For the following examples, we'll look at the first candidate in our `cands` list. First we'll show the candidate in its parent sentence.

In [None]:
c = cands[0]

# we can access Span(s) as named member variables
print(c.person1)
print(c.person2)

# the raw word tokens for the person1 Span
print(c.person1.get_attrib_tokens("words"))

# part of speech tags
print(c.person1.get_attrib_tokens("pos_tags"))

# named entity recognition tags
print(c.person1.get_attrib_tokens("ner_tags"))

# we can access context parents
sentence = c.get_parent()
document = sentence.get_parent()

print(sentence)
print(document)


# III. Writing Labeling Functions

Snorkel uses the idea of *labeling functions* (LFs) to generate noisy labels for training machine learning models. LFs encode heuristics that are correlated with whatever outcome (label) you are trying to predict. For example, in the `Spouse` example above, we want to predict if a pair of `Person` names are related by marriage. 

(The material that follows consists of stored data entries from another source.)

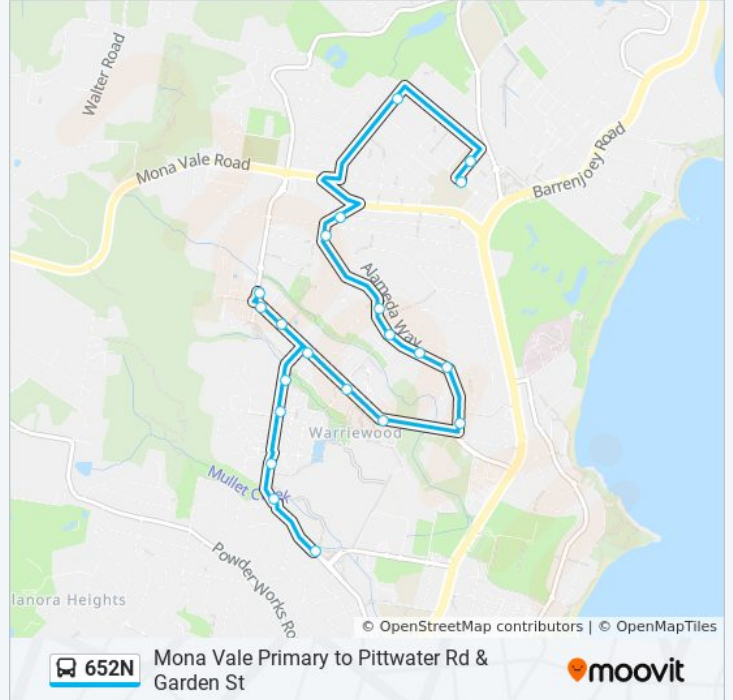

652N

Mona Vale Primary to Pittwater Rd & Garden St

Get The App

The 652N bus line Mona Vale Primary to Pittwater Rd & Garden St has one route. For regular weekdays, their operation hours are:

(1) Katoa Reserve, Garden Street: 14:55 - 14:56

Use the Moovit App to find the closest 652N bus station near you and find out when is the next 652N bus arriving.

**Direction: Katoa Reserve, Garden Street**

21 stops

[VIEW LINE SCHEDULE](#)

- Mona Vale Public School, Waratah St
- Sacred Heart Primary School, Keenan St
- Maxwell St opp Katrina Ave
- Mona Vale Rd opp Pittwater Memorial Bowling Club
- Foley St opp Pittwater Memorial Bowling Club
- Warriewood Rd after Vineyard St
- Warriewood Rd after Moriac St
- Warriewood Rd after Manooka Pl
- Warriewood Rd before Alameda Way
- Warriewood Rd at Macedon Pl
- Macpherson St after Boondah Rd
- Macpherson St before Fantail Ave
- Macpherson St before Garden St
- Macpherson St before Casuarina Dr
- Ponderosa Pde before Macpherson St
- Macpherson St opp Lomandra Way
- Garden St after Macpherson St
- Garden St at Shearwater Dr
- Garden St opp Opal Seaside Aged Care
- Garden St opp Irrawong Rd
- Katoa Reserve, Garden St

**652N bus Time Schedule**

Katoa Reserve, Garden Street Route Timetable:

Sunday	Not Operational
Monday	14:55 - 14:56
Tuesday	14:55 - 14:56
Wednesday	14:55 - 14:56
Thursday	14:55 - 14:56
Friday	14:55 - 14:56
Saturday	Not Operational

**652N bus Info**

**Direction:** Katoa Reserve, Garden Street

**Stops:** 21

**Trip Duration:** 22 min

**Line Summary:**

652N bus time schedules and route maps are available in an offline PDF at [moovitapp.com](https://moovitapp.com). Use the [Moovit App](#) to see live bus times, train schedule or subway schedule, and step-by-step directions for all public transit in Sydney.
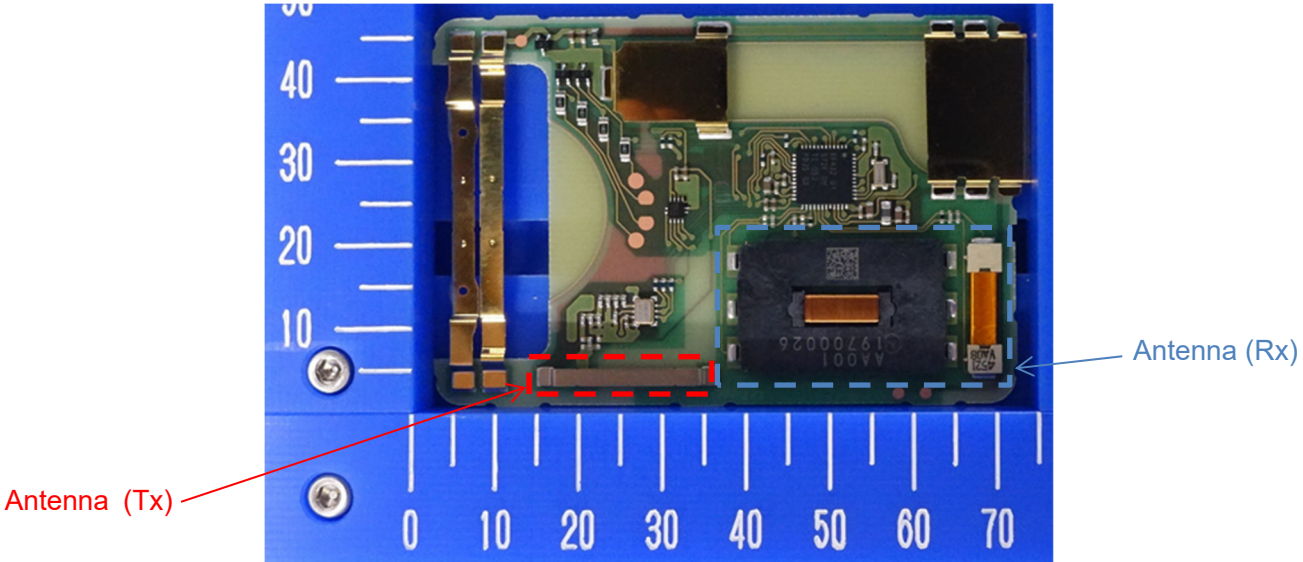

DENSO CORPORATION  
Smart Card Key  
FCC ID: HYQ14CCP  
IC Number: 1551A-14CCP

Internal Photos

Component side

Solder side

## A. Labeling Function (LF) Helpers

When writing labeling functions, there are several operators you will use over and over again; fetching text between span arguments, examing word windows around spans, etc. 

Snorkel provides several core helper functions. 
These are Python helper functions that you can apply to candidates to return objects that are helpful during LF development.

You can (and should!) write your own helper functions to help write LFs.


In [None]:
import re
from snorkel.lf_helpers import (
    get_left_tokens, get_right_tokens, get_between_tokens,
    get_text_between, get_tagged_text,
)

print("Candidate LEFT tokens:   \t", list(get_left_tokens(c,window=2)))
print("Candidate RIGHT tokens:  \t", list(get_right_tokens(c,window=2)))
print("Candidate BETWEEN tokens:\t", get_text_between(c))

# IV. Exercises

### 1. Write a labeling function helper that counts the number of tokens between a candidate's `Person` spans. 

In [None]:
def count_tokens_between(c):
    pass
    
check_exercise(1, count_tokens_between, cands)

#show_exercise1_answer()

### 2. Write a labeling function helper that looks for the word 'married' occurring between  `Person` spans. 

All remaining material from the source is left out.